Hitting rock bottom
I was always a conventional hard-working person. Did well in acad, went to one of the premier eng colleges of India, got placed in a good company but that’s it.
Been working in a metro since 3 years and I’ve never felt this low ever. Year started with me finding loml cheating, somehow tried and still trying not to break down, started playing poker online to curb anxiety at night, lost a decent size of my savings there (>10 lakhs), got rejected from a promotion and other companies due to not being able to prepare well, parents pressuring to get married (I’m almost 27) and even the thought of marriage is scary right now but can’t explain that to parents.
I’ve gone completely silent, was a proper 5 day a week gymmer since years with decent physique, not going there since 3 months, filled with anxiety and grief. My mom is constantly worried, I don’t feel like talking to her, don’t feel like talking to anyone. I still earn well so not exactly broke but the feeling that how stupidly I brought a kind of financial misery on myself is overwhelming when my friends are building their future.
I feel like I’m losing everything, can’t sleep at night. This was not supposed to happen, why is it happening to me, I’d never asked for anything I don’t deserve, I have worked very hard to get everything, then why it is all falling to pieces. I just feel if only time can stop for sometime.
I didn’t write this post to garner sympathy, I don’t need it, it’s just that I’ve had enough and wanted to let it out for once.
Talking product sense with Ridhi
9 min AI interview5 questions

“I was 27, broke and severely depressed. I had just lost a large amount of money gambling online. The girl that I thought I was going to spend the rest of my life with had cheated on me. I was down bad. How could she?! But f@ck her. This story isn’t about her. I’m the main character. All I had was the gym and my wits and this is the story of my comeback.”
Now write the rest of this story - you got this!

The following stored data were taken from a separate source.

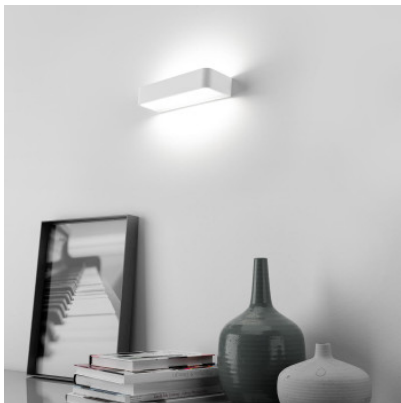

Rotaliana Frame W1

LED wall light Frame W1 by Rotaliana made of extruded aluminium. light up and down. Not dimmable.

white matt	259,00 € MSRP 287,00 €
MPN	1FRW100063ZL0
EAN	8013210190951
black matt	279,00 € MSRP 315,00 €
MPN	1FRW100062ZL0
EAN	8013210187241
bronze	279,00 € MSRP 315,00 €
MPN	1FRW100064ZL0
EAN	8013210189276
champagne	279,00 € MSRP 315,00 €
MPN	1FRW100065ZL0
EAN	8013210187258
graphite	279,00 € MSRP 315,00 €
MPN	1FRW100020ZL0
EAN	8013210191095
silver	279,00 € MSRP 315,00 €
MPN	1FRW100043ZL0
EAN	8013210184431
chrome polished	319,00 € MSRP 358,00 €
MPN	1FRW100030ZL0
EAN	8013210189764
nickel brushed	319,00 € MSRP 358,00 €
MPN	1FRW100016ZL0
EAN	8013210189771

Bulbs 16W LED, 1.600 lm, 2700K, CRI 90.
Dimensions Width 16 cm, height 4.8 cm, depth 10 cm.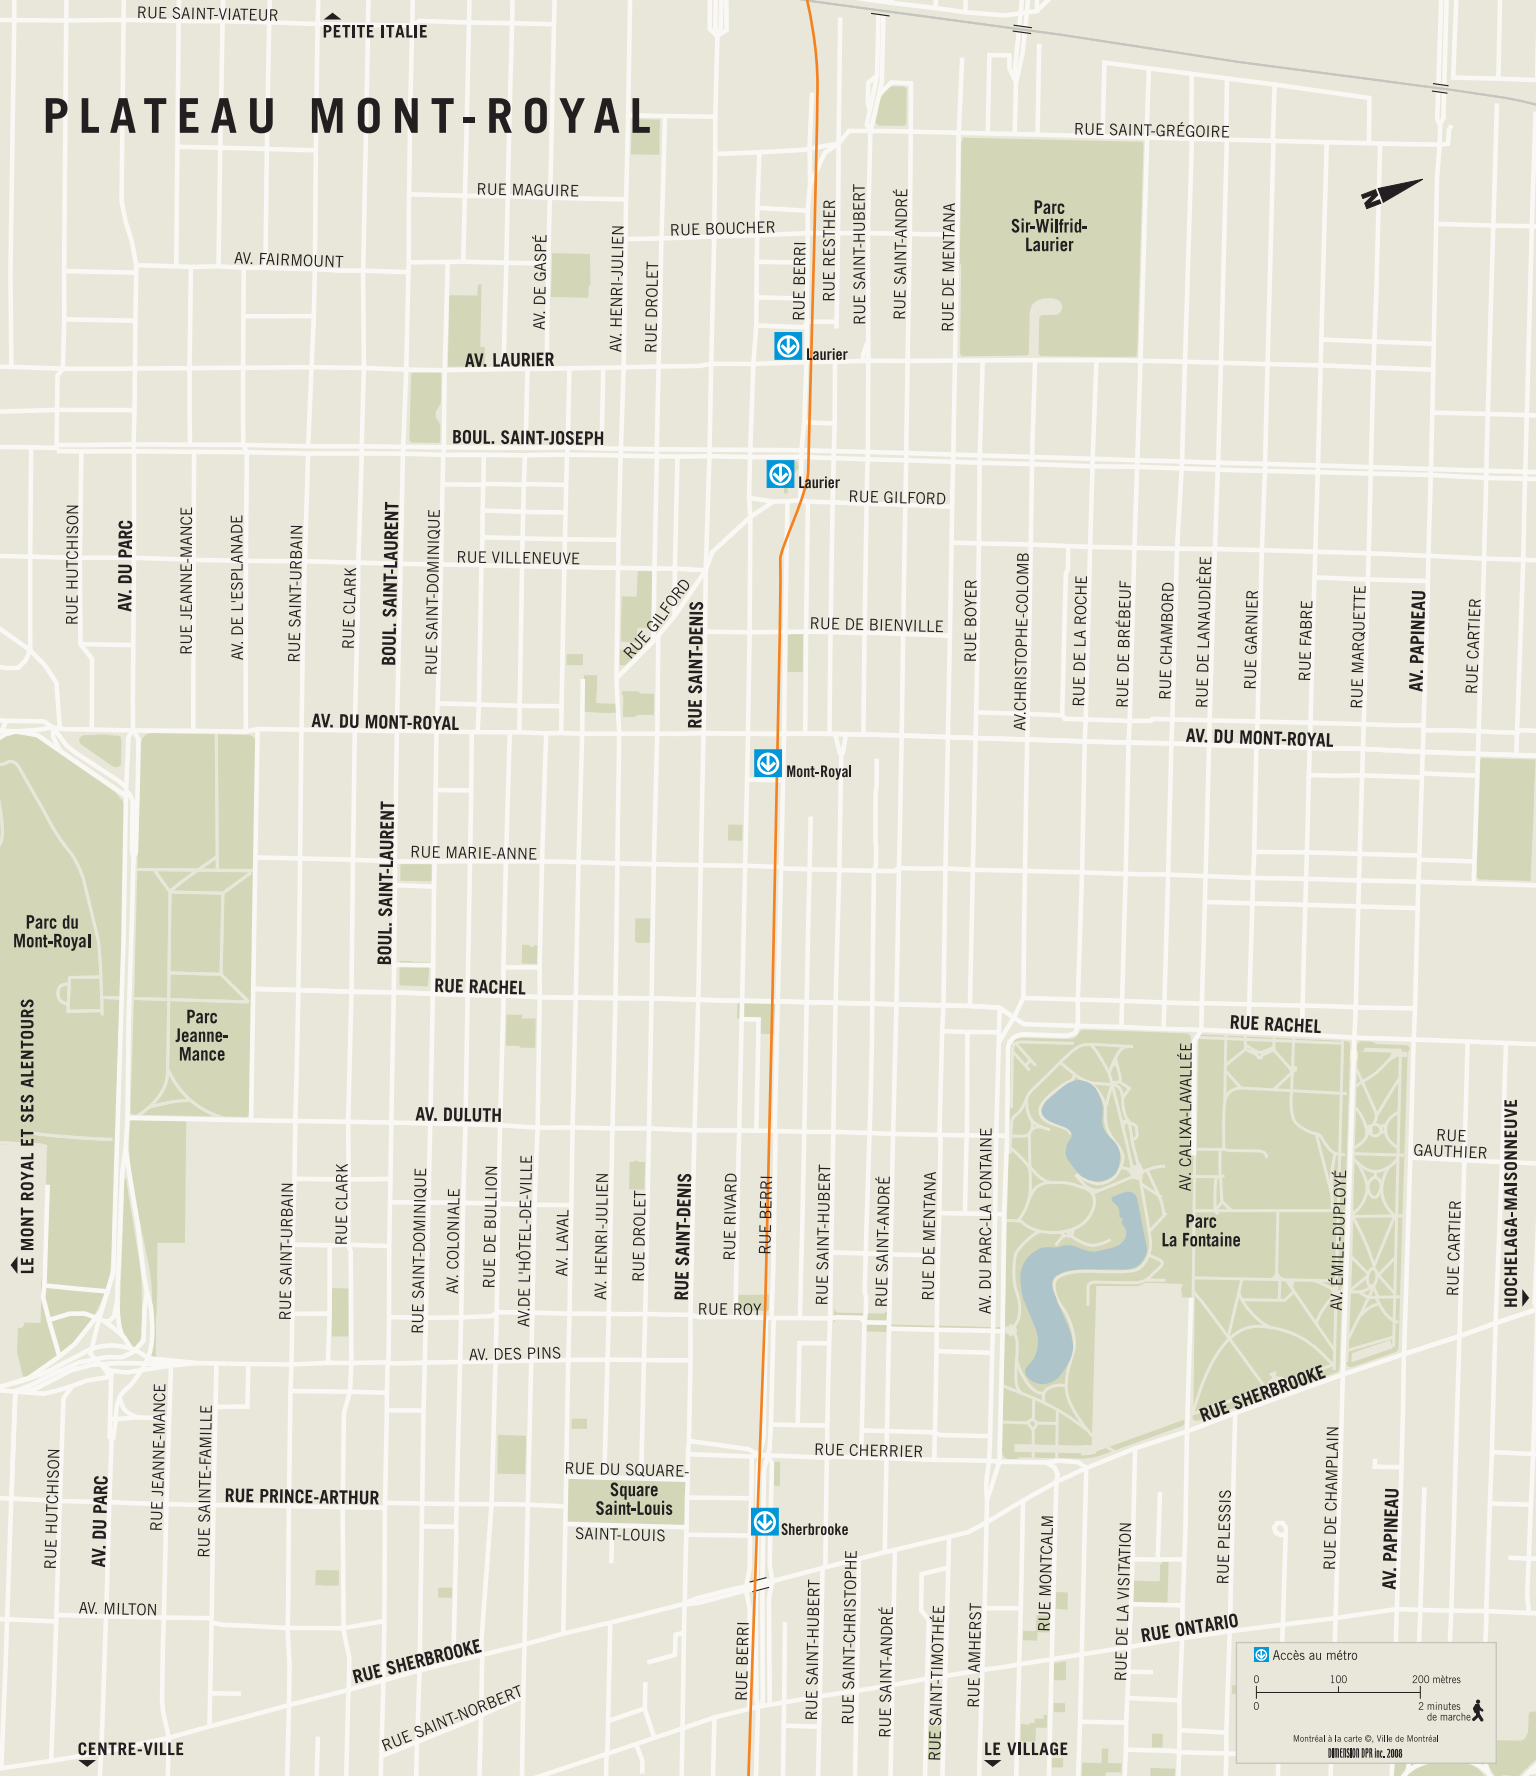

PLATEAU MONT-ROYAL

Accès au métro

0 100 200 mètres
0 2 minutes de marche

Montréal à la carte © Ville de Montréal
DANSERON DPA inc. 2000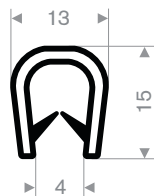

Klembereik 4 - 5 mm

code	kleur
241.00.255	zwart
241.00.255W	wit
241.00.255RD	rood
241.00.255S	zilvergrijs
241.00.255DGR	donkergrijs
241.00.255LGR	lichtgrijs
241.00.255BL	blauw
241.00.255DG	donkergroen
241.00.255LG	lichtgroen
241.00.255Y	geel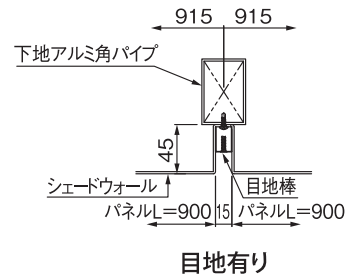

Ni-01 マングローブ

ライティング例

スタンダードタイプ		ハンガータイプ		商 品 名	材質	仕上げ	色	サイズ				入数	重量	単位
商品番号	1枚価格	商品番号	1枚価格					W	H	D	t			
225-780	●● 45,000	225-788	●● 47,000	シェードウォール Ni-01 マングローブ	アルミ	粉体焼付塗装	ブラック/ホワイト	900	900	45	2.0	1	4kg	枚
225-781	●● 45,000	225-789	●● 47,000	〃 Ni-02 フォレストライン	〃	〃	〃	900	900	45	2.0	1	4kg	〃
225-782	●● 45,000	225-790	●● 47,000	〃 Ni-03 こもれび	〃	〃	〃	900	900	45	2.0	1	5kg	〃
225-783	●● 45,000	225-791	●● 47,000	〃 Ni-04 タータン	〃	〃	〃	900	900	45	2.0	1	4kg	〃
225-784	●● 45,000	225-792	●● 47,000	〃 Ni-05 シーグリッド	〃	〃	〃	900	900	45	2.0	1	4kg	〃
225-785	●● 45,000	225-793	●● 47,000	〃 Ni-06 ICチップ	〃	〃	〃	900	900	45	2.0	1	4kg	〃
225-786	●● 45,000	225-794	●● 47,000	〃 Ni-07 スパンウェーブ	〃	〃	〃	900	900	45	2.0	1	4kg	〃
225-787	●● 45,000	225-795	●● 47,000	〃 Ni-08 ピラミッド	〃	〃	〃	900	900	45	2.0	1	3kg	〃

# シェードウォール 納まり図

スタンダードタイプ

ハンガータイプ (内装用) ※外部に使用した場合は要検討

※目地有りの場合は、下地通り芯が915mmになります。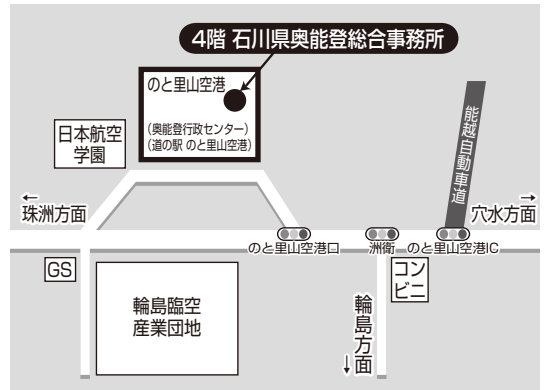

# 会場案内図

会場 石川県地場産業振興センター〈本館〉大ホール  
金沢市鞍月2丁目1番地

中継

奥能登総合事務所でも、  
講演の中継をご覧いただけます

〈日時〉 令和2年1月11日(土)  
13:30~16:00(13:00開場)  
〈場所〉 能登空港ターミナルビル4階  
奥能登総合事務所 41会議室

〈アクセス〉

- ・輪島市内より車で約25分
- ・珠洲市内より車で約55分
- ・能越自動車道ののと里山空港インターチェンジより車で約5分

## 会場へのアクセス

- タクシー | 金沢駅 金沢港口(西口)より約10分
- 北鉄バス | 金沢駅 金沢港口(西口)より約10分  
金沢駅 金沢港口(西口)、大桑住宅、香林坊、上荒屋西 発  
「工業試験場行」または「消費生活支援センター行」乗車「工業試験場」下車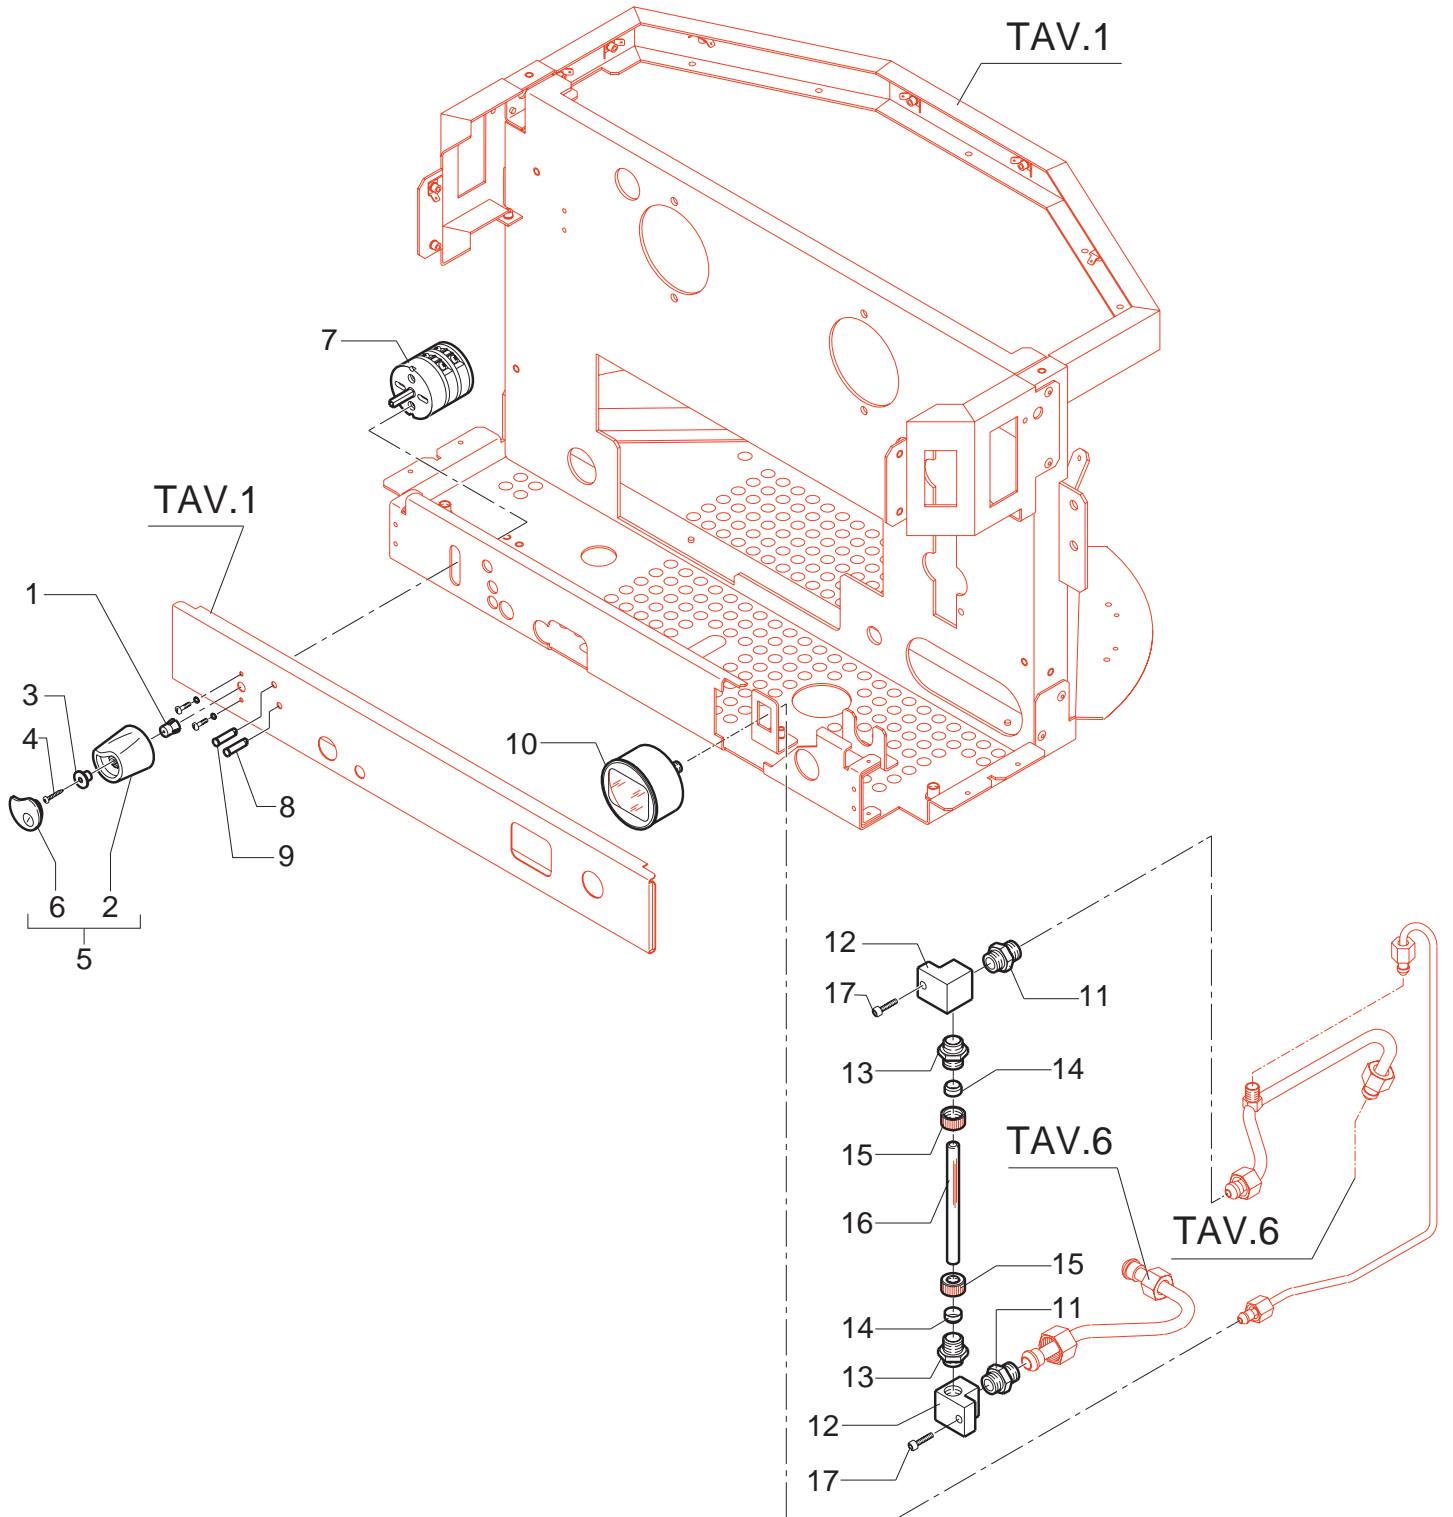

POS	DESCRIPTION	CODE	REFERENCE
01	SCREW TCEI M8X16 UNI 5931 8.8 (OLD)	7806013.....	F 623
02	FAN WASHER D10 R150 ZINC PLATED (OLD).....	7804001.....	GB/2 805
03	KNOB D30 (OLD).....	5371808.....	GB/2 803
03	ASSEMBLY HANDLE ABS BLUE	5963016.....	H 880B
03	ASSEMBLY HANDLE ABS GREY	5963013.....	H 880G
04	LEVER L=235 MM ES.22 AVP CHROMED (OLD)	5263201CM.....	GB/2 802
04	CHROMED LEVER (NEW)	5263202CM.....	-
05	LEVER GROUP CAP	5370601.....	GB/2 801
06	SCREW TCS M5X8 DIN 964 A2.....	7817401.....	GB/1 784
07	RING D9 UNI 7434 R150.....	7800601.....	GB/1 781
08	BALL BEARING D35 X 10 X 11	7471801.....	GB/1 782
09	STUD D11 X 61 PR80	5244006.....	GB/1 786
10	STUD D9 X 29 CARBONITRIDED.....	5244007CN.....	GB/1 785CN
11	STRAIGHT FITTING 1/4"G X M13 OT.....	5302001.....	F 895
12	ARTICULATION M16 OT NICKEL-PLATED.....	5287001.01NC.....	-
13	GROUP FORK OT NICKEL-PLATED.....	5284501.01NC.....	-
14	UPPER VIBRATION DAMPER.....	5473001.....	GB/2 787
15	BEARING SLIDE HEAD OT.....	5287502.....	GB/2 790
16	BOTTOM VIBRATION DAMPER	5473002.01.....	GB/2 800
17	SPRING D46 X 130	5471502.....	GB/2 791
18	SHAFT D20X 139 AISI 303.....	5260201.....	GB/2 806
19	PISTON D50 OT.....	5224201.....	GB/2 807
20	LIP SEAL D51 X 41 X 8 NBR 75SH.....	7491001.....	GB/4 797
21	SCREW TCEI M4X16	7816004.....	GB/1 783
22	PLUG 1/8"G OT CHROMED	5226402CM.....	-
25	UNION ELBOW 1/4"G X 3/8"G OT.....	5301501.....	F 896
26	DELIVERY GROUP BODY POLISHED CHROMED	5283009CM.....	GB/4 814
27	OR GASKET 160 NBR 75SH.....	7496011.....	A 117N
27	OR GASKET 160 VITON 80SH.....	7496029.....	A 117V
28	SHOWER D60 AISI 304.....	5470502.....	GB/2 795
29	COMPLETE GROUP	5963537.01.....	-
30	SCREW TCEI M8X25 UNI 5931 A2.....	7816015.....	A 116B
31	NUT M8 UNI 5587 OT.....	7821401.....	F 957

Jobs and partners are outside your control, best to try and move on from both. As long as you're not gambling anymore, all good.
Start with gym, at least once or twice a week. Don't need to go 5 days, just do longer/heavier workout if you like.
You'll get over it, don't worry too much. This will pass too, and bigger challenges await as well.
Welcome to adulthood.

I don't get it going to gym is supposed to be fun activity, gym is playground for grownups. If you think of gym like a punishment then most prolly you never went there. I sometimes go 6 days a week and only reason not all 7 days cause on Sundays our gym is close. Not saying that one need to train like hell without resting everyday but, it is just very fun thing to do.

My jijaji lost around 4-5 crore. My friend lost 25 lac. Another one lost house, jewellery, FD etc. lots of stories every day

And ek aur baat if she cheated bhai although this might seem psychopathical. But uska naaya banda bane toh maa chd de uski. Tu mat ro bhai rula logo ko.
I used to love her and all gaya gaddhe mein, izzat se rahoge toh izzat denge varna maa chd denge waala attitude liya bas ab.
PS- don’t go against the law though🙂

Yeah bro, tell her new partner everything. This respect after partner cheats should only exist on movies

Seemed like you encourage Rambo like shit!. I say go for it.

Chutiya hai tu

Arey bhai , parshan aadmi ko aur guilty kyun feel kra rahe. Motivate him yar

Aise log isi layak hote hai

Stop Playing Online Poker , I feel it’s completely rigged.

Hey man sorry to hear what you are going through. My advice will be to get back to your discipline, start with the gym maybe. Plan a short trip somewhere in the mountains, visit offbeat places. I know you lost money but if you can spare some please do visit himalayan ranges. I personally do this when I am feeling low and depressed, trust me it works.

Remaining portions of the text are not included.